Investors try to do the right things but often the wrong reasons. Mixing our monkey brains with money creates strange concoctions akin to buying cotton candy in order to eat the stick; flying on planes for the snacks; or visiting the dentist for the magazine selection. Basically, we get distracted.
There are no shortages of distractors out there. Salespeople are trained to take advantage of our worst impulses. With encouragement we often:
- Buy whole life insurance for its investment component.
- Read Barron’s to find a Top advisor.
- Purchase a variable annuity in a tax-deferred account for tax-deferral benefits.
- Make the minimum payment on a high balance credit card for the travel points.
- Switch into inappropriate investments in exchange for a “free” dinner.
- Let politics become the basis of formulating a retirement plan.
- Sell stocks in bear markets for safety
- Spend thousands on kid’s sports teams, chasing elusive scholarships.
- Purchase an appliance for its warranty.
- Consolidate all financial accounts at a major bank for the sake of convenience.
- Contribute to a retirement plan to use as a piggy bank
- Buy an I.P.O. for excitement.
- Select an investment advisor to make a new friend.
- Take social security early because we fear an early death.
- Ignore term life insurance because we think we’ll live forever.
- Watch financial media for personalized advice.
- Invest to beat the market.
- Purchase a home because it’s a good investment.
- Buy things because they’re on sale.
- Read financial books to become the next Warren Buffet.
- Keep an investment solely for tax implications.
- Send a child to college to claim bragging rights over family and friends.
- Choose a career purely based on salary.
- Invest in Bitcoin to be cool.
- Save for college with accounts in your child’s name.
In most cases, we have good intentions.
We miss the big picture due to fear, greed, manipulation, or ignorance – The Four Horseman of Financial Apocalypse.
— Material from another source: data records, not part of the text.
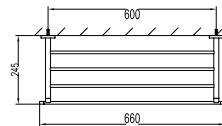

- brass
- titanium grey

BAP 8507

Aleena brass towel shelf 600mm

- brass
- titanium grey

BAP 8505

Aleena brass towel shelf 600mm

- brass
- titanium grey

BAP 8503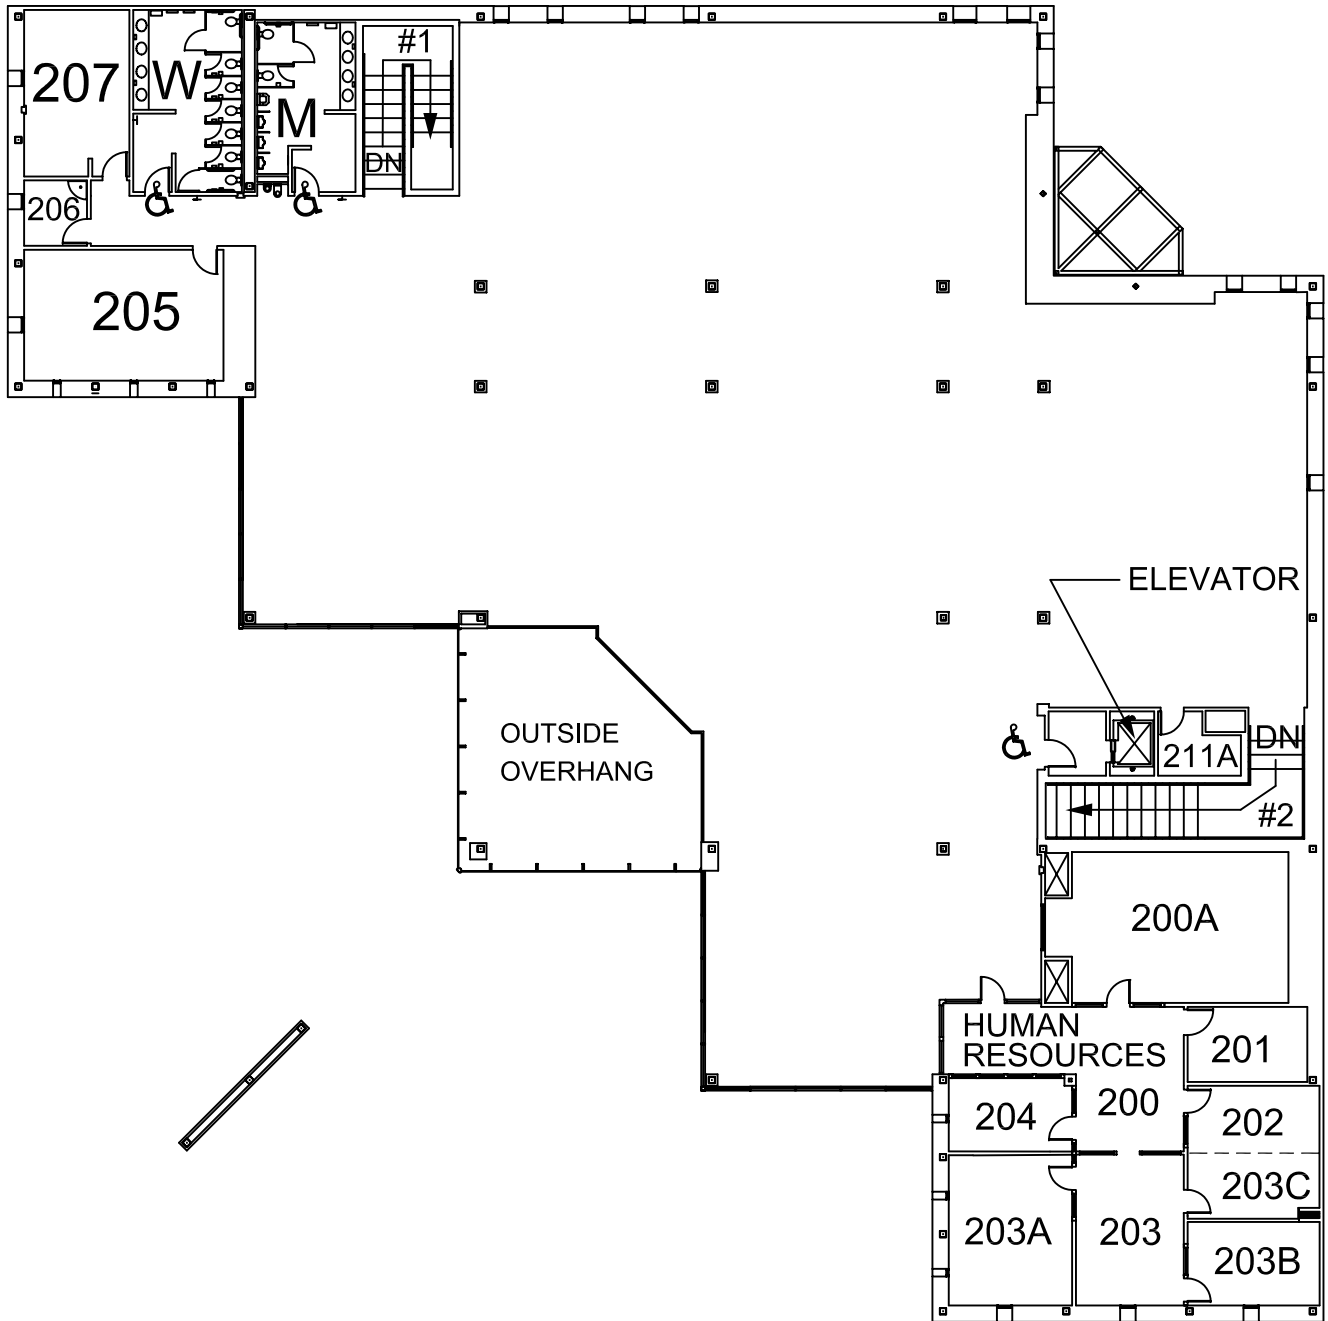

TRUCKEE MEADOWS COMMUNITY COLLEGE ELIZABETH STURM LIBRARY

SECOND FLOOR SIERRA BUILDING

How do we avoid these big mistakes?
Understanding the importance of fees, knowing the time frame, and ignoring FOMO is a good start.
Making sure you’re receiving and not paying compound interest should be your default setting
Knowing what you’re investing in and why – takes precedence over daily noise.
If these tips don’t work, remember this.
Cotton candy tastes much better than cardboard.